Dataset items
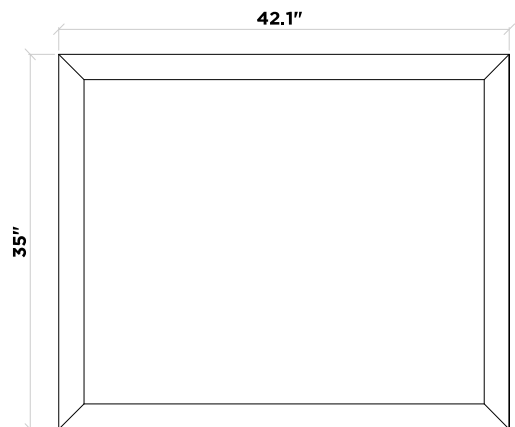

BASE CABINET

CABINET SIZE

42"W × 21.5"D × 34.5"H

MIRROR SIZE

42"W × 35"H

FEATURES

- Solid wood frame with MDF panels.
- Two soft-closing doors with adjustable hinges.
- Four soft-closing drawers with under-mount drawer glides.
- Dove-tail construction drawer boxes.
- Satin nickel finish hardware.
- Matching framed mirror included.

FRONT VIEW

BACK VIEW

SIDE VIEW

MIRROR VIEW

COUNTERTOP

DIMENSIONS

43"W × 22"D × 0.75"H

FEATURES

- Italian carrara white marble countertop.
- Matching backsplash included.
- Countertop pre-drilled for 8 in. widespread faucets.
- One ceramic UPC certified under-mount rectangular sink.

TOP VIEW

BACKSPLASH

WHAT THE EXERCISE ASKS: Copy all lines of the records that have the string "drawer" in them.

WRITTEN ANSWER:
- Four soft-closing drawers with under-mount drawer glides.
- Dove-tail construction drawer boxes.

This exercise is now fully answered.